For example, in the case where the query is "The Lord of the
Rings", "rings" should not be interpreted as a commodity name.
Thus, the Interpreter should be equipped with procedures that allow
for the defining and detection of conditions under which the
standard analysis is not relevant. In the same vein, misleading
attribute-values such as "Rolex-type" for a watch, "faux-fur",
"White Linen", should be detected and adequately processed. Such
procedures are preferably based on an adequate knowledge base.
[0588] H--Ambiguity resolution. Natural language is inherently
ambiguous. The ability to deal with ambiguities in natural language
and to form several different and competing interpretations of a
query is preferable for successful performance of a search engine
in the face of natural language queries. In the present embodiments
ambiguities are dealt with as follows:
[0589] Ambiguous terms have multiple entries in the CAKB, each with
an appropriate sense identifier. When an ambiguous term appears in
the query, all its CAKB-listed meaning-identifiers are returned to
the Interpreter. The Interpreter then builds multiple
interpretation-versions of the query, using the different senses of
query terms. Various methods of word-sense disambiguation may then
be used in order to determine which interpretation versions are
pure nonsense, which are sensible, and to what degree. Obviously,
only the sensible interpretation-versions are retained as final
analyses of the query.
[0590] The output of the Interpreter with all the
interpretation-versions, the roles, the confidence ratings etc, is
what has been referred to hereinabove as the Formal Request.
[0591] The Matchmaker
[0592] The Ranker
[0593] The Ranker is responsible for ranking items according to
estimated probabilities of matching the user's desiderata
(i.e.relevance). The input to the ranking module is composed of the
Formal Request and the sequence of user's responses to previous
Prompts (if any), along with the database or IS items and any
annotations associated therewith.
[0594] The ranking phase preferably includes the following
stages:
[0595] 1. Ranking of items retrieved from the database. Some items
may be excluded from the ranking, based on a selected threshold of
significant mismatch.
[0596] 2. Building of a Relevant Set. Such a relevant set
preferably comprises those items in the IS that are to be taken
into account in generating the next Prompt.

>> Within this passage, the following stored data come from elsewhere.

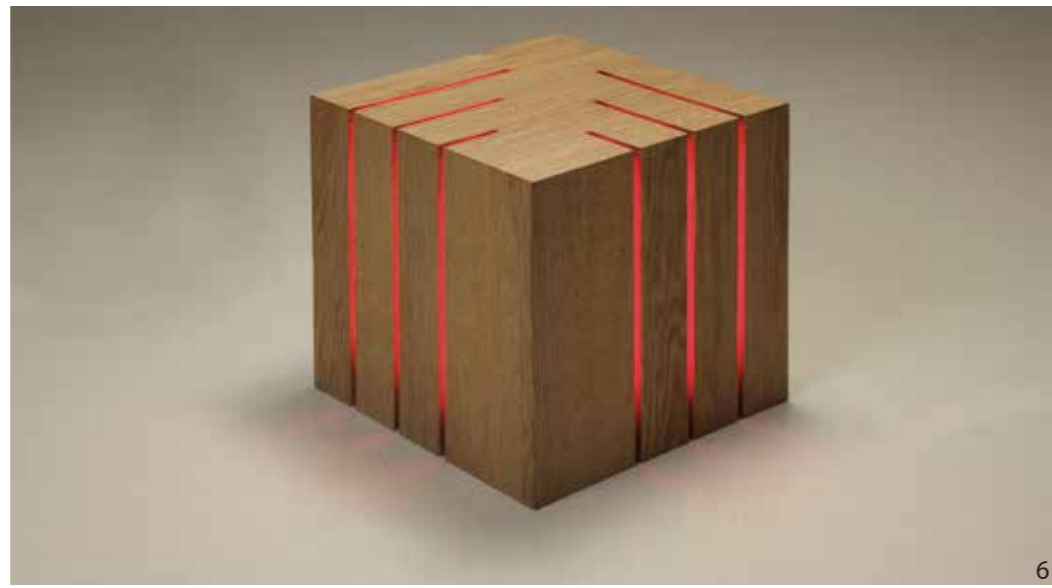

6

6_PIAZZA LUCE M - stolić, stolac i rasvjetno tijelo / proizvođač: Lapibus /
dim. 44x44x44 cm / hrast natur / RGB LED rasvjeta / dnevni ambijent /

6

6_PIAZZA LUCE M - stolić, stolac i rasvjetno tijelo / proizvođač: Lapibus /
dim. 44x44x44 cm / hrast natur / RGB LED rasvjeta / dnevni ambijent /

7

7_PIAZZA LUCE M - stolić, stolac i rasvjetno tijelo / proizvođač: Lapibus /
dim. 44x44x44 cm / hrast natur / RGB LED rasvjeta / ugašena /

8

8_PIAZZA LUCE M - stolić ili stolac / proizvođač: Aquaestil /
dim. 44x44x44 cm / astone / bijela ili boja iz astone palete /

9_PIAZZA LUCE M - stolić, stolac i rasvjetno tijelo / proizvođač: Lapibus /
dim. 44x44x44 cm / hrast natur / RGB LED rasvjeta / noćni ambijent /

9

9_PIAZZA LUCE M - stolić, stolac i rasvjetno tijelo / proizvođač: Lapibus /
dim. 44x44x44 cm / hrast natur / RGB LED rasvjeta / noćni ambijent /

5_PIAZZA LUCE XL - stolić i rasvjetno tijelo / proizvođač: Dizz concept /
dim. 90x90x30 cm / crni MDF / ogledalo ili alu efekt / RGB LED rasvjeta /

dizajn: Ada Kezić / fotografije: Dražen Lapić /
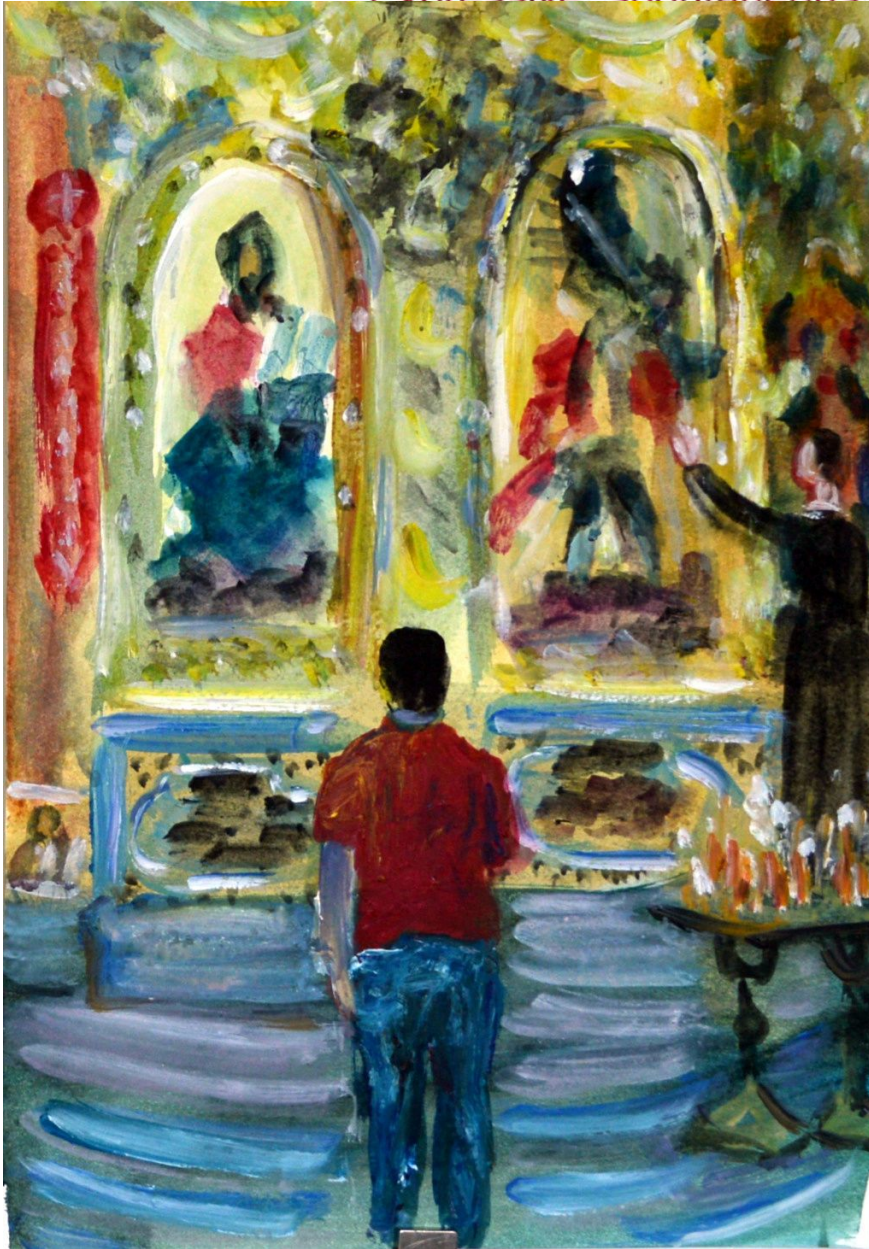

Gabriëlla Cleuren

Expressive spontaneous systematic artist

Gabriëlla Cleuren, *Woreshipping*, 2019
Acryl op geprepareerde Steinbach 250/300 g/mg papier,
42 x 29 cm (16 1/2 x 11 3/8 in.)
VWO01234
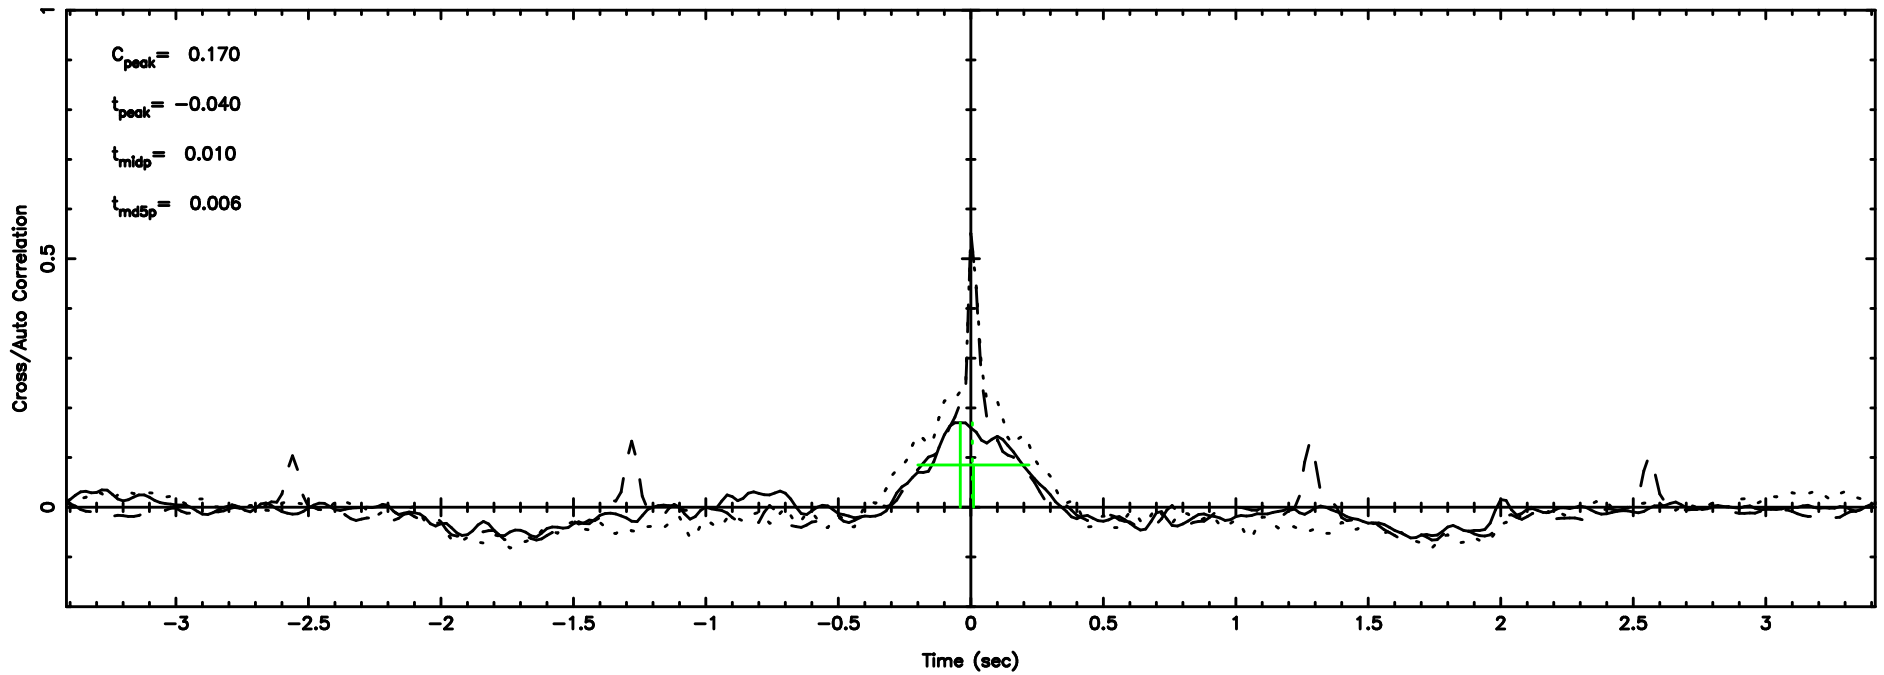

Frequency (Hz)

0038+328 2024/06/07 22.43UT FUJI -KISO

[0597] 3. Building of a Results Set, those items that can or should
be displayed to the user. The results set typically comprises items
retrieved from the database, retained during the prompting process
and exceeding a threshold relevance ranking.
[0598] The relevance ranking may takes into account the relative
importance of the different components of the Formal Request and
prior user's responses (if any). The rank should reflect the
likelihood that the ranked item may satisfy the user, by measuring
the strength of the match between the request and that particular
item. The ranking may factor in the following components:
[0599] The likelihood that the formal request reflects the user's
desiderata
[0600] The likelihood that the analysis of the features and
attributes of the item (as extracted by the Indexer) is correct
[0601] The (a priori or learned) probability that the attached
keywords indeed apply to the specific item
[0602] The (estimated or learned) relative importance to users of
the role of each component of the request
[0603] The probability that a feature assigned to the item may
satisfy a user who asks for an item with that feature. A perfect
match between these features will return a probability of 1; a less
than perfect match, such as when the item commodity is a hypernym
of the requested one, preferably reduces the probability
accordingly, as discussed above;
[0604] The (a priori or learned) probability that the specific item
will be requested (also known as popularity measure);
[0605] Database (promotional, definitional, etc) biases or
constraints;
[0606] Cost of retrieval of item. The cost may be to the user or to
the system.
[0607] The features-rank of each product is a combination of the
appropriate numbers from the above detailed list, computed by
summing--with appropriate weights--the matching values between the
item features and the query features, over all the identified query
features. Thus, if a match in color is considered less important
than a match in gender, then a gender match weight will be of
greater value than a color match one. A final rank assigned to the
product is preferably composed of a triplet of equally weighted
numbers: commodity rank, attributes (features) rank, and a rank
number for other terms. The equal and fixed weight scheme is aimed
to ensure that a good match in many analyzed attributes is not for
example overcome by a bad commodity match. A user searching for a
blue coat made of wool would probably find it acceptable to see
woolen coats which are not blue, and maybe blue coats made of a
material other than wool, but would probably be rather surprised to
see blue woolen sweaters, and the use of separate match figures for
commodity and attribute allow for independent insistence on a
commodity match irrespective of the attributes.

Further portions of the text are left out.